The Re-domiciliation Process
- Feasibility assessment – Verify that the laws of the company’s current jurisdiction permit outbound re-domiciliation and that Cyprus law permits inbound re-domiciliation of companies from that jurisdiction.
- Shareholder resolution – Obtain a special resolution of the company’s shareholders authorising the transfer of domicile to Cyprus.
- Prepare Cyprus constitutional documents – Draft a Memorandum and Articles of Association compliant with Cyprus Companies Law, Cap. 113.
- Application to the Cyprus Registrar – Submit the application for continuation together with:
- Certified copy of the certificate of incorporation from the country of origin.
- Certificate of Good Standing from the country of origin.
- Certified copy of the company’s current constitutional documents.

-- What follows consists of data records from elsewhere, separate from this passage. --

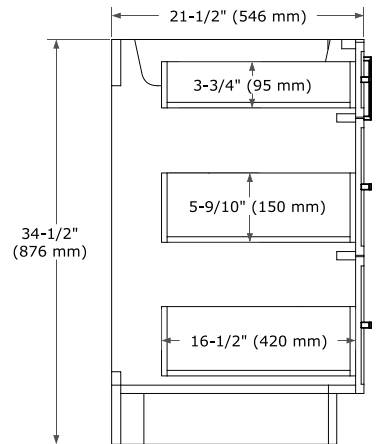

KELLY 66" SINGLE SINK BASE CABINET

ARIEL

BASE CABINET DIMENSIONS

66" W x 21.5" D x 34.5" H

FEATURES

- Solid wood frame and Plywood
- Soft-close system
- Dovetail construction
- Stylish Slim Shaker Door
- Pull-out inside drawer
- Adjustable shelf

SIDE VIEW

PLAN VIEW

OVERALL DIMENSIONS

67" W x 22" D x 1.5" H

COUNTERTOP OPTIONS

Carrara Marble

White Quartz

FEATURES

- Solid countertop with mitered edges & seams
- Undermount white oval sink
- Pre-drilled for 8" widespread faucet

INCLUDED

- Countertop
- Matching Backsplash
- Oval Sink

COUNTERTOP PLAN VIEW

EDGE SIDE VIEW

THREE DIMENSIONAL COUNTERTOP VIEW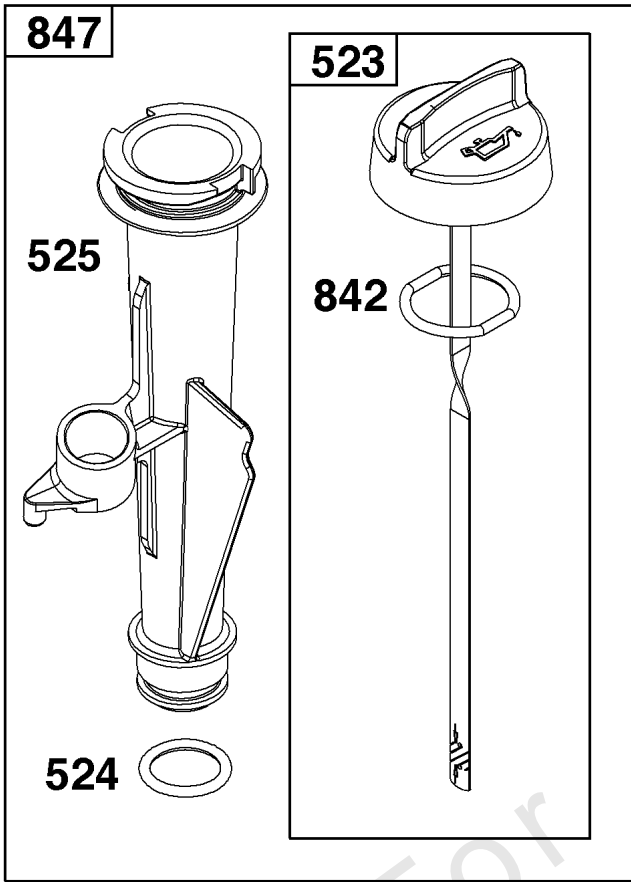

Not For Reproduction

Crankshaft Group

REF NO	PART NO	QTY	DESCRIPTION
16	596424	1	CRANKSHAFT
24	796335	1	KEY, Flywheel
25	799271	1	PISTON ASSEMBLY -(.020 Oversize)
25	799270	1	PISTON ASSEMBLY
26	799273	1	SET, Ring -(.020 Oversize)
26	799272	1	SET, Ring
27	691588	1	LOCK, Piston Pin
28	799274	1	PIN, Piston
29	796470	1	ROD, Connecting
32	691664	1	SCREW -(Connecting Rod)
32A	695759	1	SCREW -(Connecting Rod)
46	694039	1	CAMSHAFT
741	797521	1	GEAR, Timing

Not For Reproduction

Flywheel, Ignition, and Starter Group

REF NO	PART NO	QTY	DESCRIPTION
23	591399	1	FLYWHEEL
37	596412	1	GUARD, Flywheel
37A	596417	1	GUARD, Flywheel
37B	596415	1	GUARD, Flywheel
58	697316	1	ROPE, Starter
60	281434S	1	GRIP, Starter Rope
78	793480	5	SCREW -(Flywheel Guard)
332	690662	1	NUT -(Flywheel)
333	595959	1	ARMATURE, Magneto
334	793454	1	SCREW -(Magneto Armature)
363	19203	1	PULLER, Flywheel
455	591400	1	CUP, Flywheel
608	796497	1	STARTER, Rewind
635	692076	1	BOOT, Spark Plug
668	797373	2	SPACER
910	596414	1	STUD -(Alternator)
910A	798322	2	STUD -(Alternator)
1005	799265	1	FAN, Flywheel
1119	596420	1	SCREW -(Alternator)
1153	691186	1	WASHER -(Muffler Guard) (Support Bracket)

Footnotes:

(Not used on all models)

240

187

670

1059

Fuel Supply Group

REF NO	PART NO	QTY	DESCRIPTION
187	791766	2	LINE, Fuel
240	84005063		FILTER, Fuel
601	791850	4	CLAMP, Hose
670	793485	1	SPACER, Fuel Tank
957	799585	1	CAP, Fuel Tank
972	595123	1	TANK, Fuel
1059	793471	1	KIT, Screw/Washer

Not For Reproduction

Sump and Lubrication Group

REF NO	PART NO	QTY	DESCRIPTION
4	799476	1	SUMP, Engine
12	692232	1	GASKET, Crankcase
15	691680	1	PLUG, Oil Drain
20	399781S	1	SEAL, Oil -(PTO Side)
22	691092	7	SCREW -(Crankcase Cover/Sump)
43	593912	1	SLINGER, Governor/Oil
523	796503	1	DIPSTICK
524	692296	1	SEAL, O-Ring -(Dipstick Tube)
525	796502	1	TUBE, Dipstick
842	691031	1	SEAL, O-Ring -(Dipstick Cap)
847	796501	1	DIPSTICK/TUBE ASSEMBLY
1548	798538	1	BEARING, Ball -(Crankcase Cover/Sump)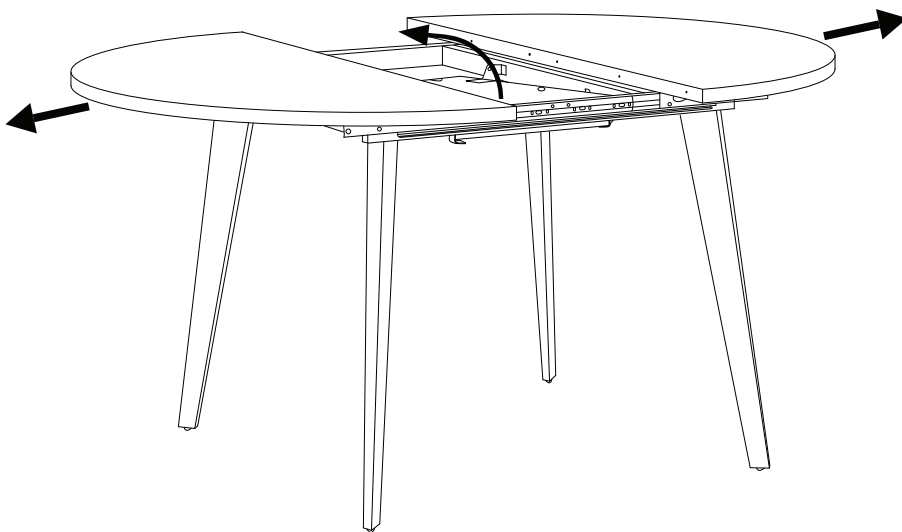

BOVINA

Diagram illustrating assembly instructions and safety warnings:

- Top Warning:** A triangle with an exclamation mark. Below it, a box contains an L-shaped bracket and a power drill with a slash through it, indicating that a power drill should not be used for this step.
- Time:** A clock icon with a circular arrow, labeled "30'", indicating a 30-minute assembly time.
- Bottom Warning:** A triangle with an exclamation mark. Below it, a box shows a rectangular block being placed on a surface with a slash through it, indicating that the block should not be placed on a soft or uneven surface.
- Personnel:** An icon of a person, labeled "2", indicating that two people are required for assembly.

1

2

3

4

5

6

7

- Shareholders’ resolution authorising the re-domiciliation.
- New Memorandum and Articles of Association for the Cyprus entity.
- Form HE1 (statutory declaration of compliance) and Form HE2 (details of officers and registered office).

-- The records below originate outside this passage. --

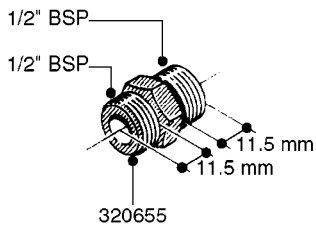

FITTINGS - HEXAGON NIPPLES
L0030-HIN, 01:01:16

L0030

FITTINGS - HEXAGON NIPPLES
L0030-HIN, 01:01:16

Page 1
Date 07.02.2020 8:17

parts-n°	order qty	description
10015303	1	FITT.PO.HN 1.00X1.00 M1000
10425003	1	FITT.PO.HN 1.25X1.00 MCPHEE
320132	1	FITT.DK HN 1" BSP
320176	1	FITT.DK HN 3/8"X1/2" BSP
320445	1	FITT.DK HN 1/4"X3/8" BSP
320655	1	FITT.DK HN 1/2"-1/2" BSP
320692	1	FITT.DK HN 3/8'BSPX1/4'NPT
320703	1	FITT.DK HN 3/8BSP X1/2 &1/4NPT
320725	1	FITT.DK NIPPLE 3/8"-3/8" BSP
320902	1	FITT.DK HN 3/8'X 1/4' BSP
390232	1	FITT.DK HN 1-1/2' X 1-1/4' BSP
390276	1	FITT.DK HN 1'BSP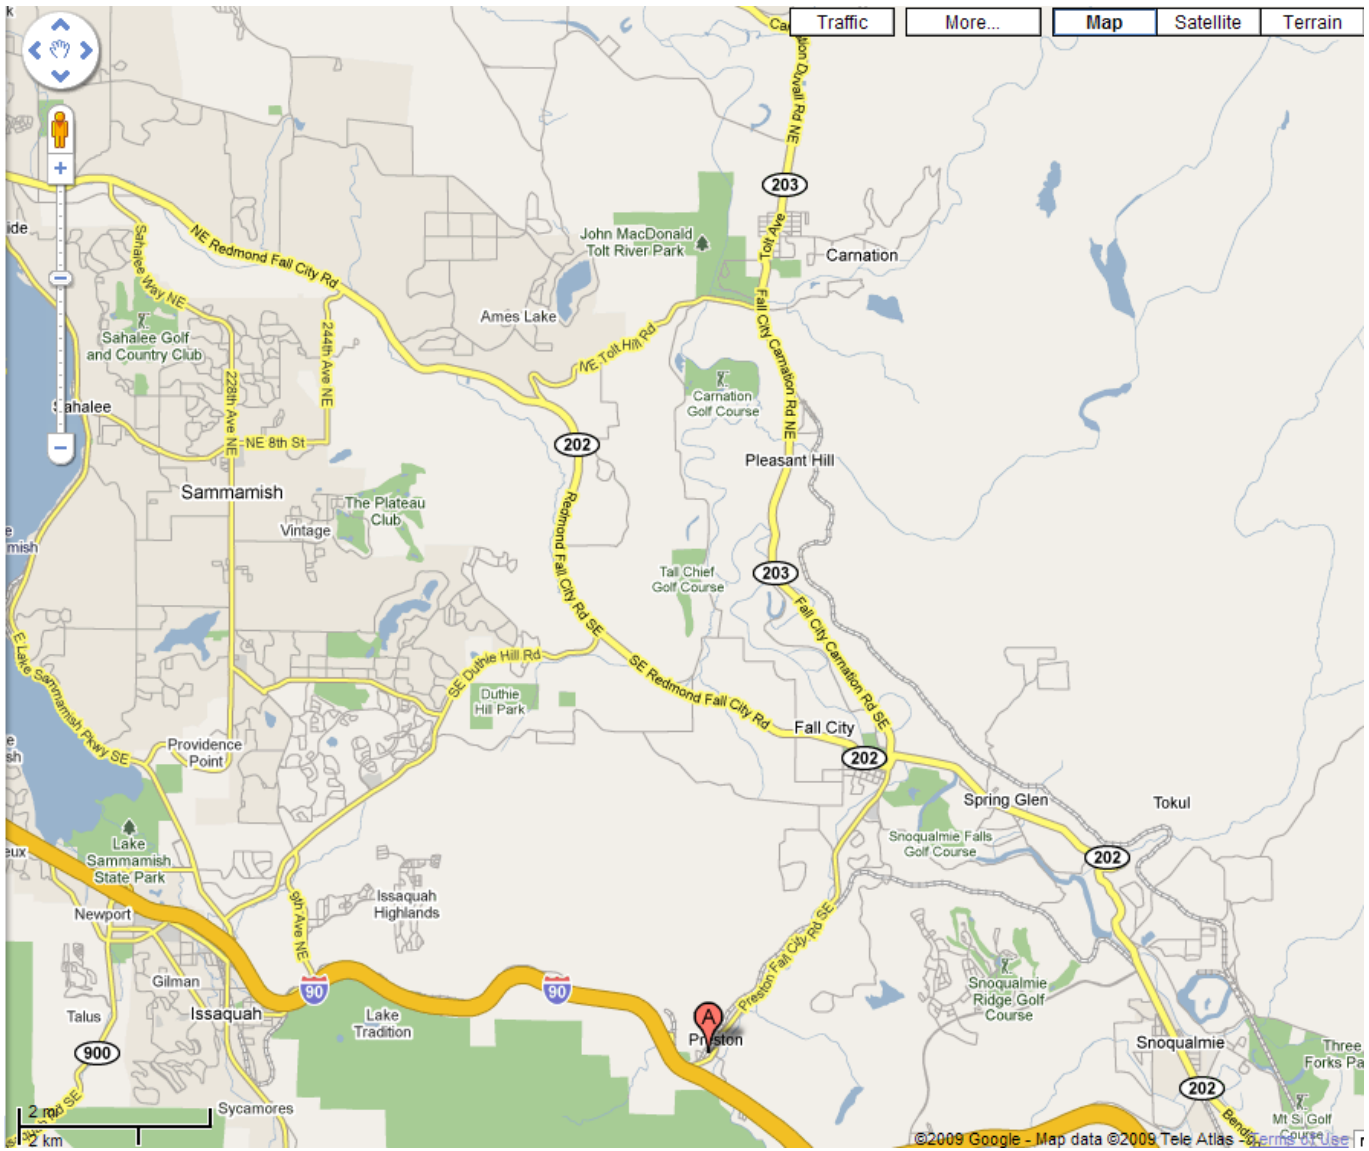

Directions to the Preston Community Center 310th Ave SE, Issaquah, WA 98027

Directions from I-90

- Merge onto I-90 E 15.1 mi
- Take exit 22 toward Preston/Fall City 0.3 mi
- Turn left at SE 82nd St 0.2 mi
- Take the 1st right onto SE High Point Way/Preston Fall City Rd SE
Continue to follow Preston Fall City Rd SE 0.6 mi
- Slight left at 310th Ave SE 0.1 mi
- The community club is on the left hand side

Directions from 520 E

- Merge onto WA-520 E toward Redmond 7.1 mi
- Take the WA-202/Redmond Way exit 0.6 mi
- Turn right at Redmond Way/NE Redmond Fall City Rd/WA-202
- Continue to follow NE Redmond Fall City Rd/WA-202 13.8 mi
- Turn right at Preston Fall City Rd SE 3.9 mi
- Sharp right at 310th Ave SE 0.1 mi

Parking is limited, so please use the gravel pull out in front of the Community Center on Preston Fall City Road before using the parking spaces. There is private property on the same street at the community center, so please be sure not to block the road in any way.

- Details of all directors, shareholders, and ultimate beneficial owners with KYC documentation.
- Registrar’s review – The Registrar examines the application and may request additional documents or information.
- Certificate of Continuation – Upon approval, the Registrar issues a Certificate of Continuation, confirming that the company is now registered as a Cyprus company.
- De-registration in the country of origin – Obtain confirmation of de-registration or removal from the register in the original jurisdiction.
Effect of Re-domiciliation
Upon registration in Cyprus, the re-domiciled company:
- Becomes a company governed by Cyprus Companies Law, Cap. 113.
- Retains its original incorporation date and continuous legal existence.
- Maintains all existing contracts, assets, liabilities, rights, and obligations.
- Is subject to all rights and obligations of a Cyprus-incorporated company, including tax registration, annual filing, and audit requirements.
- May apply for a Cyprus tax identification number and establish Cyprus tax residency.
Timeline
The re-domiciliation process typically takes 2 to 4 months from start to completion, depending on:
- The speed of obtaining the required approvals and documents from the jurisdiction of origin.
- The completeness of the application submitted to the Cyprus Registrar.
- The complexity of the company’s corporate structure and the volume of due diligence required.
Re-domiciliation Out of Cyprus
It is worth noting that Section 354C of the Companies Law also permits Cyprus-registered companies to re-domicile out of Cyprus to another jurisdiction that allows inbound continuation. This bidirectional flexibility enhances the attractiveness of Cyprus as a jurisdiction that respects the evolving needs of international businesses.